Reviews

Palm Wine & Stout (Tour – Sudbury)

What happens when a young man of White British and Black Nigerian parentage goes on a visit to his father’s country?

Antoinette Marie Tagoe, Ricci McLeod, Itoya Osagiede & Sioned Jones
Antoinette Marie Tagoe, Ricci McLeod, Itoya Osagiede & Sioned Jones
© Mike Kwasniak Photography 2014

Segun Lee-French's play Palm Wine & Stout was first toured by Eastern Angles four years ago. It has now been revived for an extended spring season across East Anglia, again directed by Ivan Cutting and this time with Nicola Pollard as assistant director.

In the years since Jane's relationship with Abraham in the UK, their son has grown into manhood and is now a successful business professional. Taiye knows that he is the surviver of a twin-birth which claimed his brother's life but it doesn't really disturb him.

Until, that is, he and Jane travel to Nigeria to meet his father and the patriarch’s extended family. Prominent among these are his half-brother Femi, Femi's mother Stella (Abraham's senior wife) and an aged aunt, Cynthia.

Now Taiye discovers that centuries of tradition hold more sway than its more recent Christian overlay; he exists because his twin did not – could not – survive. There may be a price to be paid for that.

The contrast of attitudes as well as customs is well brought out by the cast. Sioned Jones' Jane is balanced by her metamorphosing into Jonas, an elder on the make in more senses than one. Antoinette Marie Tagoe has all the authority of rank when playing Stella and that of revered age when she is Cynthia.

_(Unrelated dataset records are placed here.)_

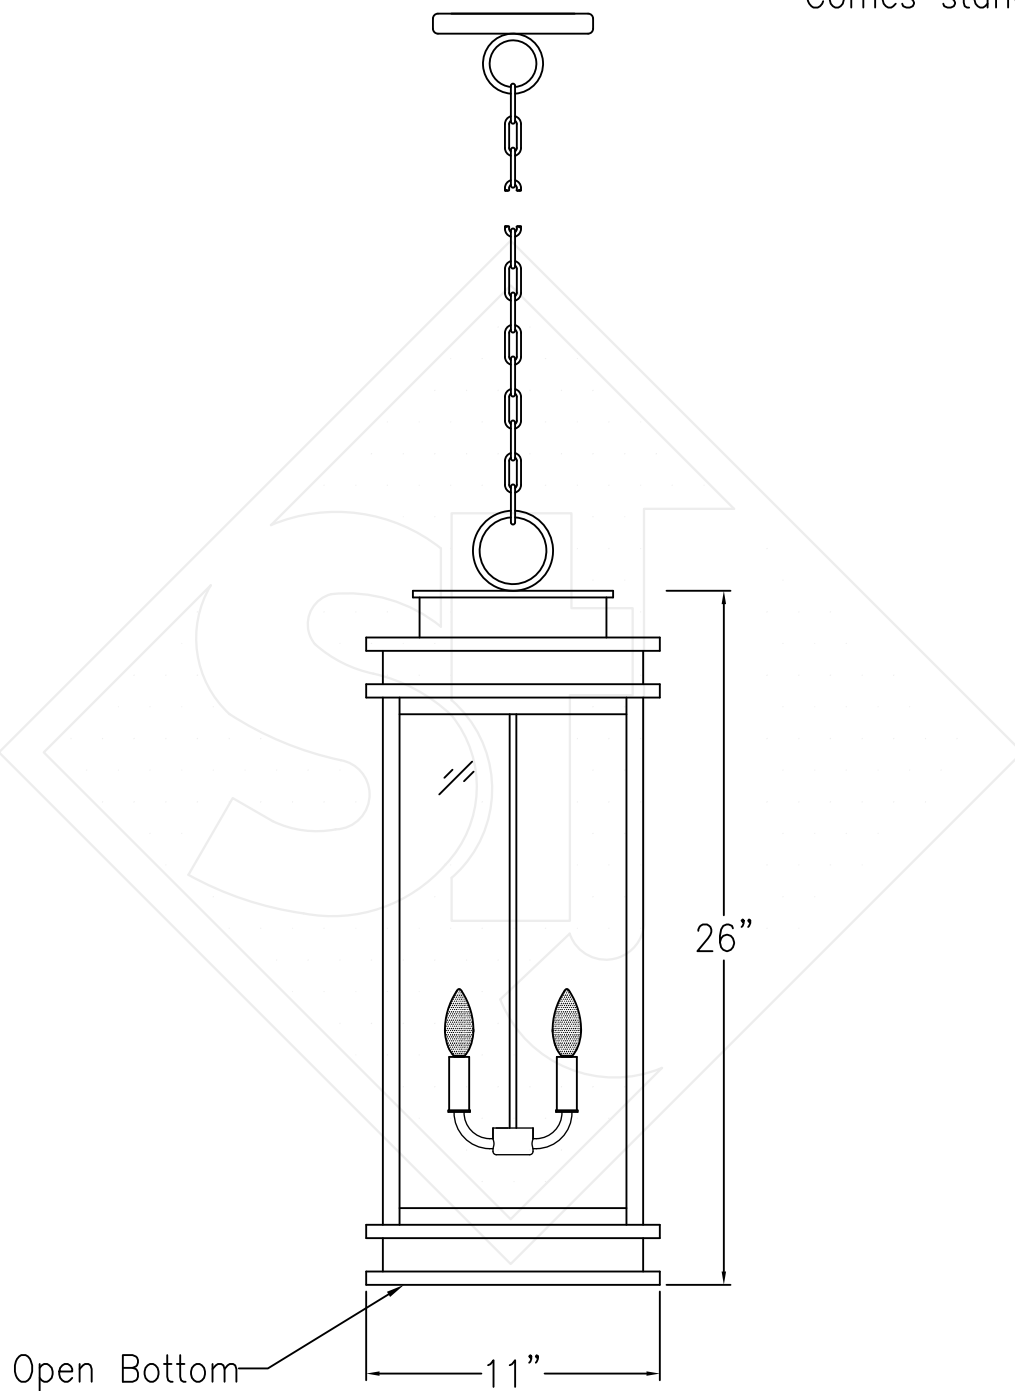

SOMERSET LARGE CHAIN HUNG PENDANT

Comes standard w/ 6'
of chain

Front View

Lights are hand crafted
Dimensions may vary by 1/4"
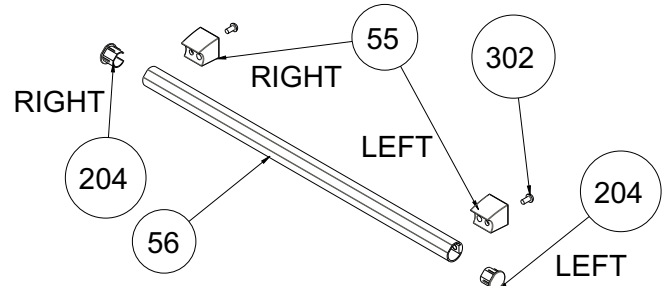

OVEN DOOR HANDLES (OPTIONAL)
HANDLES WITHOUT TAP & BRACKET

HANDLES WITH BRACKET

HANDLES WITH TUNNEL TAP

HANDLES WITH TAP & BRACKET

TRIO
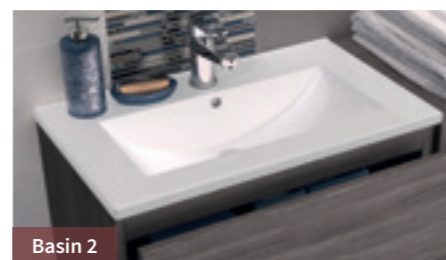

Basin 1

Basin 2

VAT @20% is included on all prices.
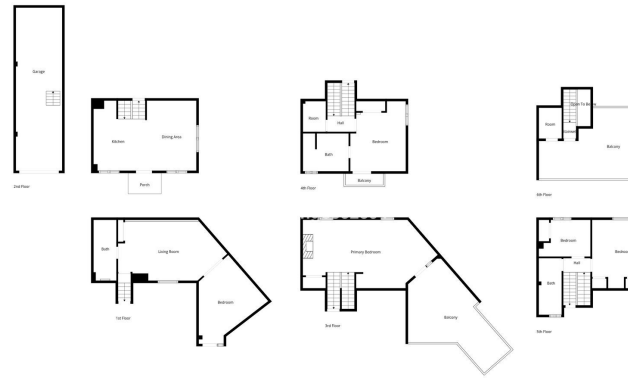

ALL IN real estates

Semi-Detached House in Benahavís

Bedrooms **4** Bathrooms **3** Built **260m²** Plot **49m²**

R5257627

**Semi-Detached
House**

Benahavís

775.000€

A truly special Andalusian village home, brimming with character, architectural charm, and timeless elegance, ideally positioned in the heart of Benahavís Pueblo. This distinctive property offers a rare blend of authentic village living with highly sought-after practical features, including a private garage and access to a communal swimming pool. Arranged over multiple levels, the house unfolds with a natural sense of flow and privacy. The main living areas feature traditional terracotta floors, classic proportions, and a welcoming atmosphere that reflects the soul of an authentic Andalusian home. A vine-covered terrace provides an intimate setting for outdoor dining and relaxed evenings, while the rooftop solarium offers open village and mountain views — ideal for sunset drinks or quiet mornings. The upper levels host well-proportioned bedrooms, including a primary suite with ensuite bathroom, all retaining original Andalusian details such as wooden shutters and natural materials throughout. A particularly appealing feature is the independent lower-level area with its own entrance and bathroom, offering exceptional flexibility. Perfect as a guest suite, private studio, home office, or multigenerational living space, it combines independence with internal connectivity to the main home. Located just moments from Benahavís' renowned restaurants and village life, and within easy reach of Marbella, the coast, and golf, this is a rare opportunity to acquire a character-filled home of genuine quality in one of the Costa del
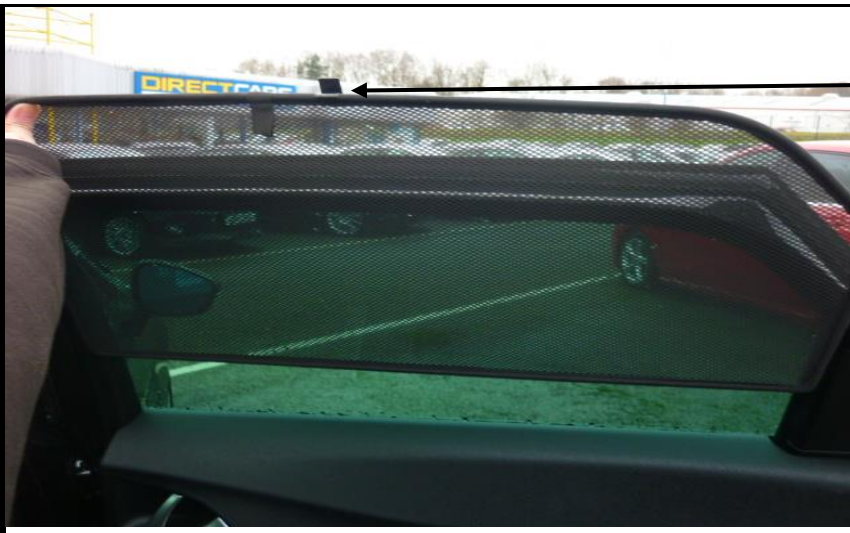

INSTALLATION INSTRUCTIONS

CITREON DS5 5 DOOR 2010-

CIT-DS5-5-A

COMPONENTS INCLUDED

SHADES

FIXING CLIPS

SIDE SHADE INSTALLATION

2nd SIDE SHADE INSTALLATION

QUARTER LIGHT SHADE INSTALLATION

Please rep on the oth side of the shades

REAR SHADE INSTALLATION

Please repeat on the other side of the rear shades

REAR SHADE INSTALLATION
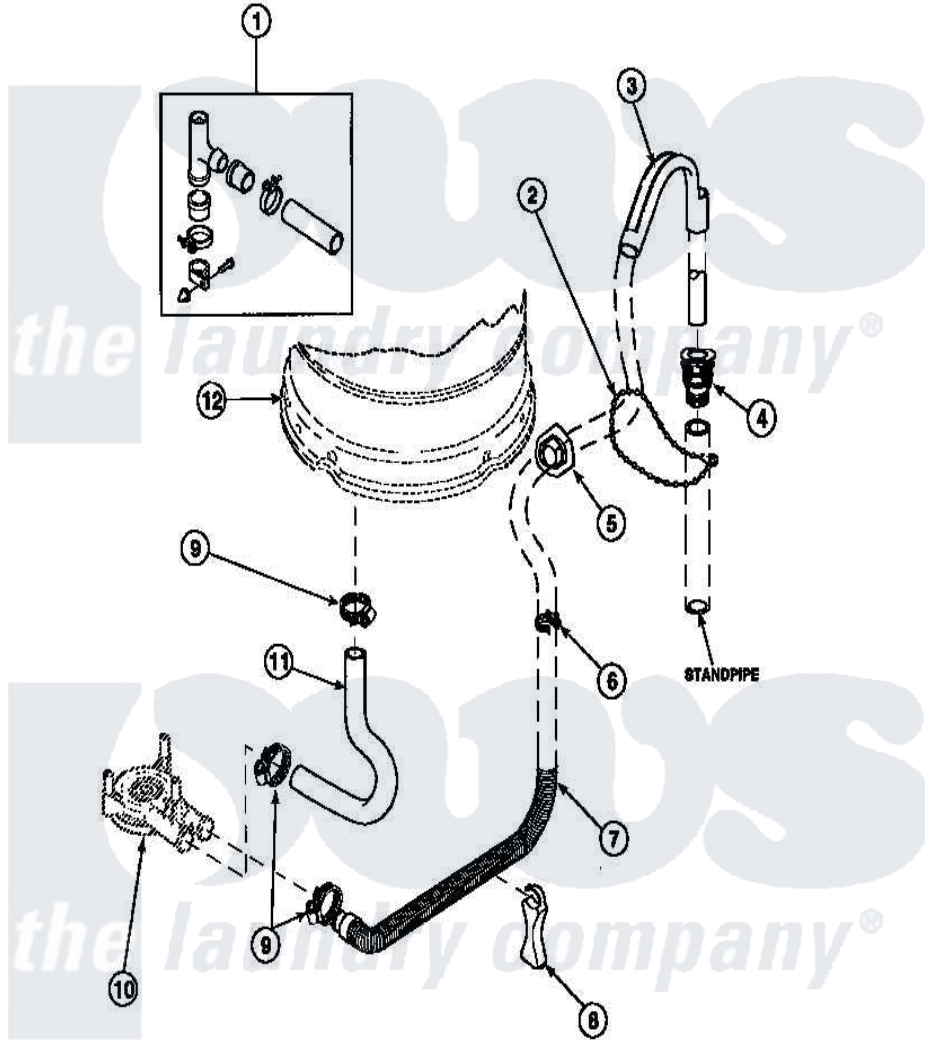

**Amana LW8201L2 (BOM: PLW8201L2 B) 07 - DRAIN HOSE AND SIPHON BREAK**

Amana Residential Amana LW8201L2 (BOM: PLW8201L2 B) Washer Parts Parts Diagram 07 - DRAIN HOSE AND SIPHON BREAK

[Click on the part number to view part](#)

Item	Original Part Number	Replaced By	Status	Part Description
1	562P3	<a href="#">76660</a>		Break-Sphn
2	33489	<a href="#">8539404</a>		Tie-Wire
3	33615	<a href="#">22003814</a>		Retainer, Drain Hose
4	36878	<a href="#">40008101</a>		Adapter, Standpipe
5	<a href="#">32219</a>			Relief, Strain
6	<a href="#">36014</a>			Clip, Retainer-Hose
7	37245	<a href="#">40053901</a>		Hose, Drain
8	<a href="#">36522</a>			Hose Support
"	<a href="#">35487</a>			Support, Hose
9	36802	<a href="#">285655</a>		Clamp, Hose
10	36863P	<a href="#">27001233</a>		Pump
11	<a href="#">35753</a>			Hose, Tub To Pump-Ddp
12	<a href="#">34438P</a>			Assembly, Outer Tub
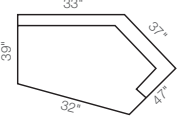

230-494  
Chair  
37" H x 39" W x 38" D

240-494  
Ottoman  
19" H x 31.5" W x 22.5" D

Choose an arrangement shown below, or create the one that suits your home.

60A-494  
Left-Arm Sitting Chair  
37" H x 33" W x 39" D

60B-494  
Right-Arm Sitting Chair  
37" H x 33" W x 39" D

60C-494  
Corner  
37" H x 67" W x 39" D

60CC-494  
Corner  
37" H x 53" W x 39" D

60M-494  
Armless Chair  
37" H x 24" W x 39" D

60D-494  
Left-Arm Sitting Loveseat  
37" H x 57" W x 39" D

60E-494  
Right-Arm Sitting Loveseat  
37" H x 57" W x 39" D

60L-494  
Left-Arm Sitting Cuddler  
37" H x 64" W x 40" D

60CR-494  
Right-Arm Sitting Cuddler  
37" H x 64" W x 40" D

60R-494  
Right-Arm Sitting Chair  
37" H x 33" W x 64" D
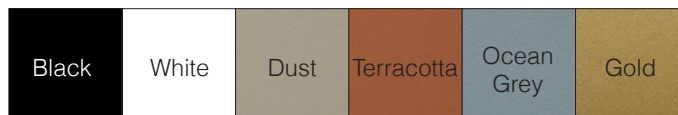

LIVVY is a slender tube with a cross-section in four sizes, housing an efficient LED diode. The glare effect in the entire Livvy family is minimized by recessing the light source into the body, which is enclosed by the black inner ring.

Input [W] 7.8W

Lum. flux of light source [lm] 38° 270 lm

Finish options:

Black, White, Dust, Terracotta, Ocean Grey, Gold

SPECIFICATION SHEET

ORDERING INFO

L544.3384	-	38	-	-
Model (Order Code)	Finish Options	Optic Options	LED	Remote Driver Options
<input type="radio"/> L544.3384 7.8W	<input type="radio"/> 12: Black <input type="radio"/> 13: White <input type="radio"/> 21: Terracotta <input type="radio"/> 22: Ocean Grey <input type="radio"/> 23: Dust <input type="radio"/> 80: Gold	<input type="radio"/> 38: 38°	<input type="radio"/> 30: 3000K <input type="radio"/> 40: 4000K	<input type="radio"/> 120V LTE <input type="radio"/> 120V-277V 0-10V
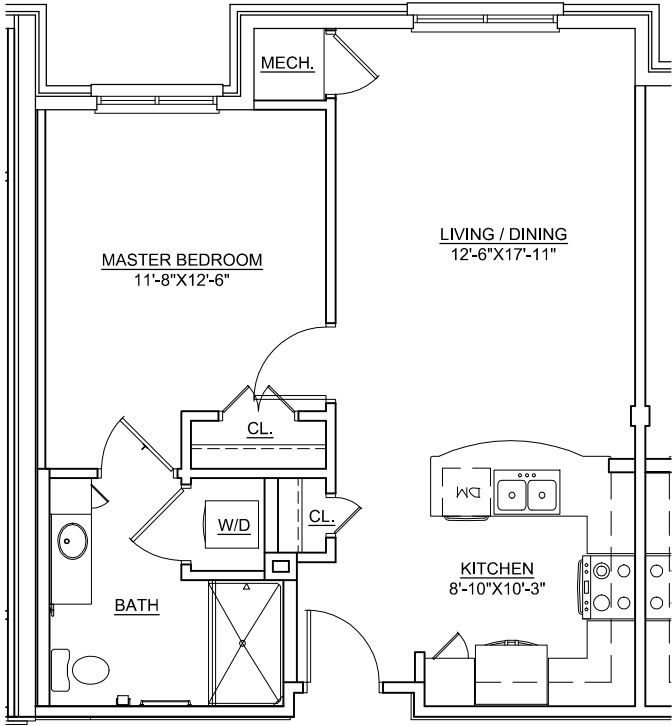

RESIDENCE #:	
MONTHLY FEE:	
MOVE-IN DATE:	

# The Ardrey I

1 BEDROOM / 1 BATH

658 SQ. FT.

ROOM DIMENSIONS ARE APPROXIMATE. PLANS MAY VARY IN SIZE AND CONFIGURATION.
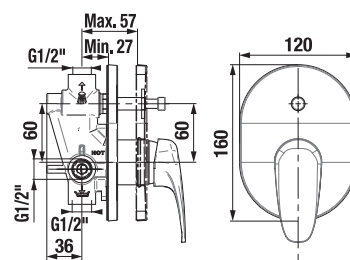

FAUCETS AND SHOWER ACCESSORIES /

CONCEALED BATH/SHOWER FAUCET DEEP BY JIKA

Article number	Description
H3211U60040001	single lever bath-shower concealed mixer, with diverter, complete, chrome

THERMOSTATIC BATH/SHOWER FAUCET WITH A SHOWER KIT DEEP BY JIKA

Article number	Description
H3231U70042711	thermostatic bath-shower mixer, wall mounted, with shower set (handshower Ø 80 mm, 3 functions, shower holder, shower hose 1700 mm), chrome
H3231U70044001	thermostatic bath-shower mixer, wall mounted, without shower set, chrome

BIDET FAUCET DEEP BY JIKA

Article number	Description
H3411U10041111	single lever bidet mixer, with metal pop-up waste, chrome

SHOWER HOSE

Article number	Description
H3622700040211	shower hose, L=2000 mm, brass with double-lock, chrome

It is recommended to combine with shower sets, accessories and siphons from Mio and Rio or Cubito-N.
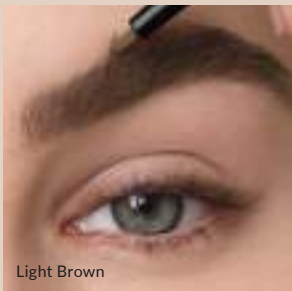

Light Brown

EXPERTLY SCULPTED BROWS

- Custom-shaped tip to fit your arch & provide easy shaping, defining & filling of brows
- Use angled tip to sculpt & wide base to fill

WATERPROOF
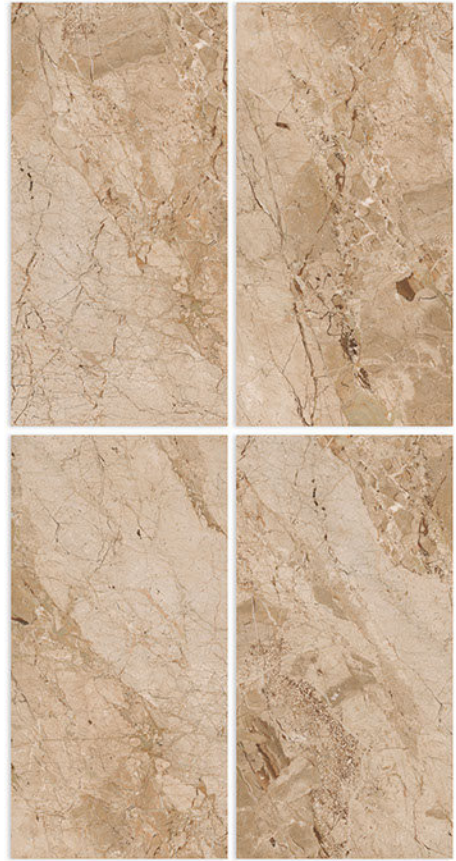

GLOSSY SURFACE

 /600X1200MM

RENDOM - 4

BLUE BRECCIA

GLOSSY SURFACE _____ /600X1200MM

RENDOM - 4

BRECCIA ADISON

GLOSSY SURFACE _____ /600X1200MM

Ricci McLeod conveys all the levels of exasperation which overwhelm Taiye – he's interested in his native background but concerned about his urban future; he's happy to see his father and half-brother, but disturbed by alien attitudes to the dead as well as to the living.

Femi is a happy-go-lucky young man on the outside, but he too has frustrations which eventually boil over. Itoya Osagiede switches from this into Abraham's certainties as a respected chief who accepts his different levels of obligation with ease. All the actors also play the ancestral spirits who pervade village life, sing and dance.

Some enterprising company should perhaps pair this with Janice Okoh's Egusi Soup – and even commission a third piece to round off the exploration of the British-Nigerian experience in dramatic terms.

Palm Wine & Stout tours across East Anglia until 24 May.